NOTICE SUR LES PRINCIPAUX JACOBINS.

Collot-d'Herbois, comédien ambulant avant la révolution, se fit, en 1791, une petite réputation littéraire, par un opuscule intitulé l'Almanach du Père Girard, auquel il attacha lui-même une si haute importance, qu'il se crut propre à toutes les places, et qu'il demanda celle de ministre de la justice au roi. Le refus qu'il essuya lui donna beaucoup d'humeur et en fit un des énergumènes du parti populaire. Nommé député par l'assemblée électorale de Paris, il fut un des membres les plus féroces de la convention. Il parloit avec facilité; et par des images hardies, des tours souvent heureux, une déclama tion véhémente, il trouva le secret de se faire écouter avec assez d'intérêt, pour que Robespierre fût jaloux de ses succès, Il étoit d'une taille moyenne; il avoit le teint brun, la chevelure crépue, le regard sombre et tous les traits d'un conspirateur de théâtre,

Couthon, avocat à Clermont en Auvergne, avant la révolution, se rangea dans le parti de Robespierre, suivit tous ses mouvements, appuya toutes ses motions, et fut le persécuteur le plus acharné du parti de la Gironde. Cet homme étoit cruel de sang-froid; il affectoit le langage de la modération, en signant et en commandant les actes les plus atroces. Il étoit perclus de la moitié de son corps.

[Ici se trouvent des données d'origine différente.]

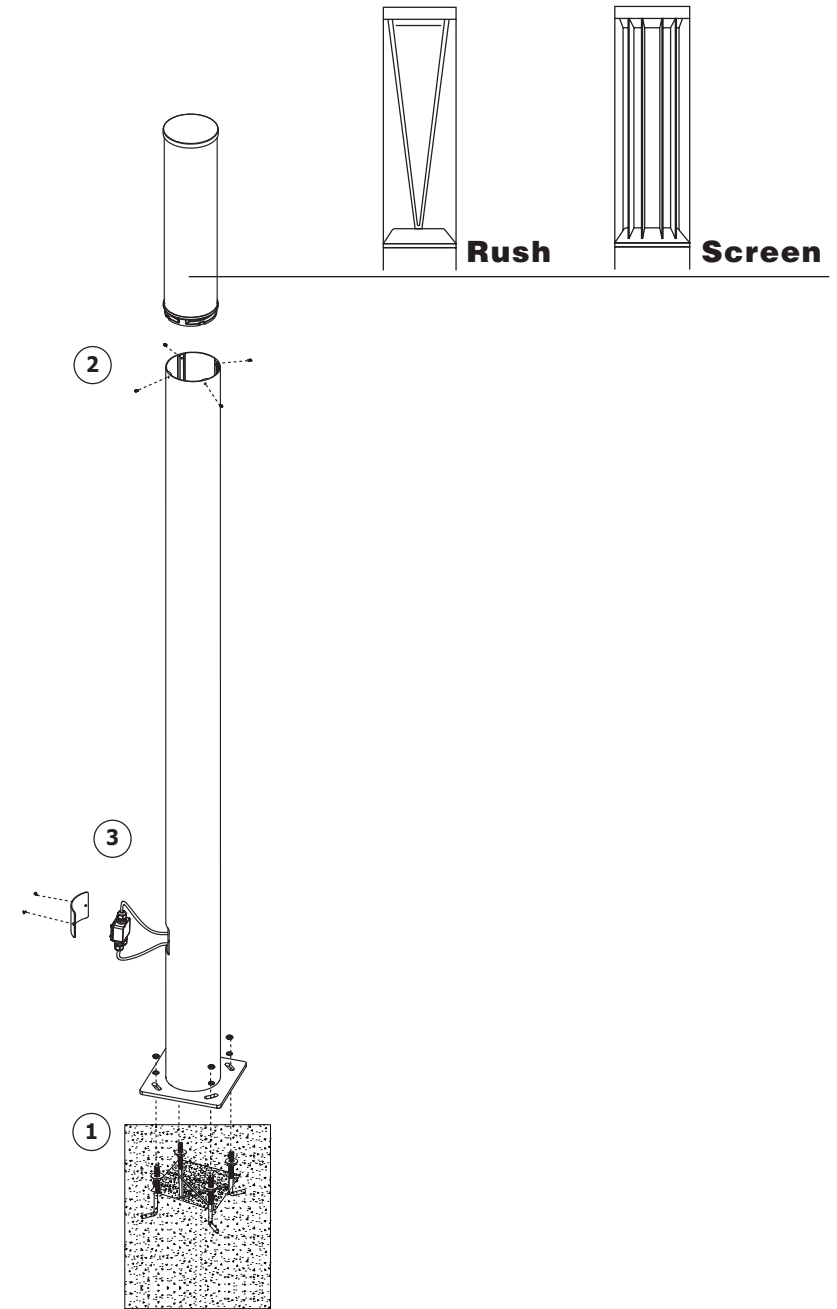

CCT (options see www.faro.es)

LENS (options see www.faro.es)

2700K CRI90 | 3000K CRI90 | 4000K CRI90

360° | 360° Wide | 180°

Together
we take care
of the planet

Together we take care of the planet. This is why we reduce paper consumption. Please refer to the safety, maintenance and warranty instructions at www.faro.es. If you cannot access it, call us at +34 937 723 965 or write to export@faro.es.
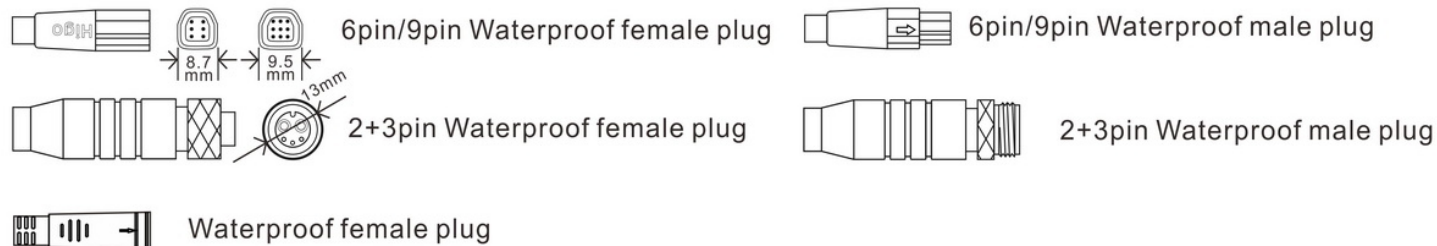

MPF6(H-plug)+I4US

2019/03/08

Plug: Higo

ITEM NO.	Gearbox cable	A (RT-AF)	D (RT-DA)	B (RT-BF)	C (RT-CM)
-	standard	10cm	10cm	21cm	10cm

ITEM NO.	Display cable	F (FM-FJ)	FA (FD-FF)	FB (FD-FK)	FC (FD-FR)
V0005PC22	SPECIAL size	55cm	5cm	10cm	15cm

ITEM NO.	Speed sensor cable	H (HF-HS)
V0008P15	standard	35cm

ITEM NO.	Power cable	E (EA-RD)
V0005PD15	standard	80cm

ITEM NO.	Light cable	G (GM-GJ)	(GD-GL)
V0005PLI12	standard	61cm	25cm

ITEM NO.	AF/I4U cable	I (IM-ID)
-	standard	50cm
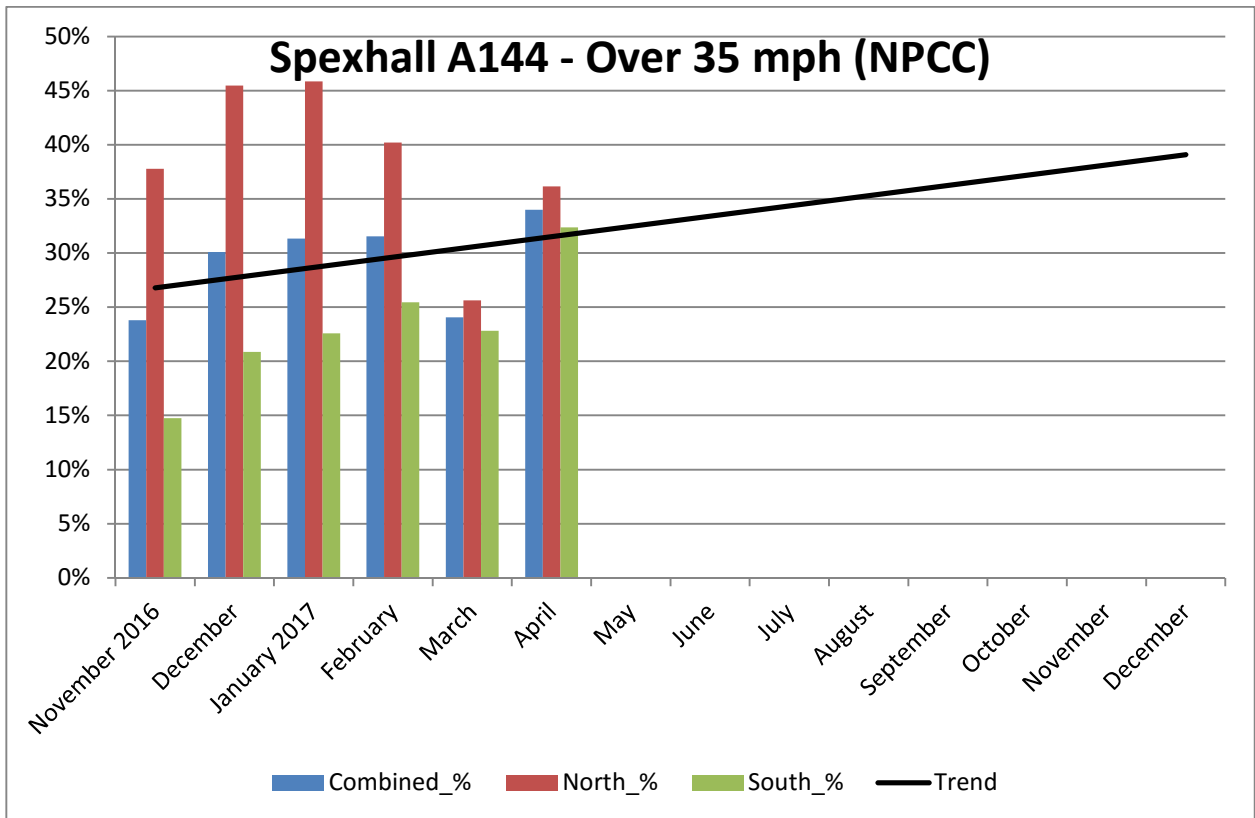

COMMUNITY SPEED WATCH

APRIL 2017	A144 Spexhall, Stone Street		
	Combined	Northbound	Southbound
Vehicles per Day (average) - Weekday	5145	2227	2918
Vehicles per Day (average) - Weekend	3181	1377	1804
85th Percentile Speed	41	34	40
% Vehicles Over 50 mph	4.0	3.0	4.8
% Vehicles At or Over NPCC¹ (35 mph)	34	36.1	32.4
% Over Speed Limit (30mph)	68.1	73.7	63.8

Recommended Periods for Speed Enforcement	35 and Over	Northbound	Southbound
Based on highest number of offending drivers each hour Average number of offending drivers for the month was 1465 (34%) PER DAY	Mondays	4 to 5pm	5 to 6pm
	Tuesdays	4 to 5pm	7 to 8am
	Wednesdays	4 to 5pm	5 to 6pm
	Thursdays	4 to 5pm	5 to 6pm
	Fridays	3 to 4pm	5 to 6pm
	Saturdays	11 to Noon	6 to 7pm
	Sundays	12 to 1pm	11 to Noon

¹ NPCC - National Police Chiefs Council (previously ACPO - Association of Chief Police Officers)

COMMUNITY SPEED WATCH
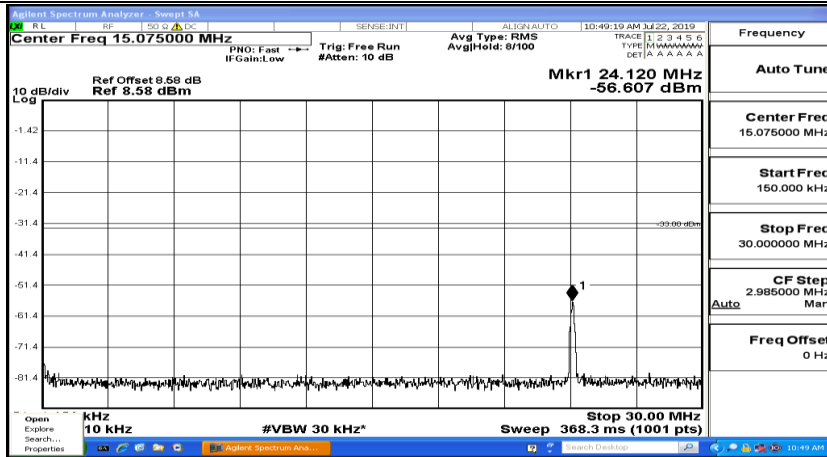

CSE Test Graph(s) (Channel Bandwidth:20 MHz)_MCH_QPSK
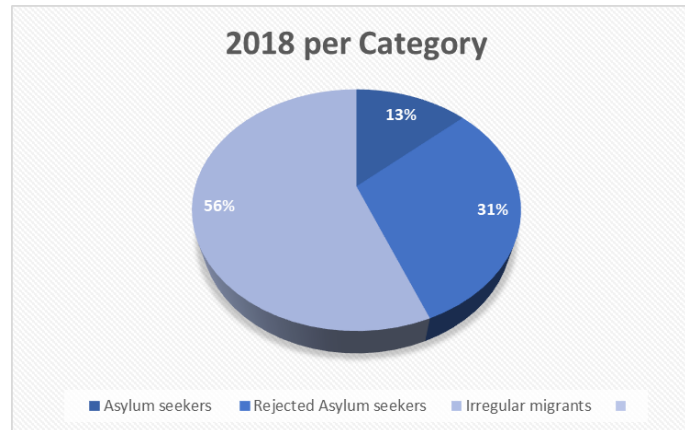

Voluntary Returns per Category, Sex and Family composition 2018

Voluntary Returns per Category	2018
Asylum seekers	374
Rejected Asylum seekers	854
Irregular migrants	1567
Grand Total	2795

Danton avoit une taille colossale, des formes athlétiques, des traits hideux et une voix effrayante. « Je n'ai jamais rieni vu, dit madame Roland, qui caractérisât si parfaitement le crime et la débauche en même temps. Pour le peindre en situation, il faut se le représenter tenant un poignard à la main, excitant du geste et de la voix une troupe d'assassins moins féroces que lui; ou, content de ses forfaits, indiquant par le geste qui caractérise Sardanapale, ses habitudes et ses penchants ». Mirabeau, qui avoit besoin de personnages de cette espéce pour effrayer la cour, se servit de Danton, dit un écrivain du temps, comme d'un soufflet de forge pour enflammer les passions populaires.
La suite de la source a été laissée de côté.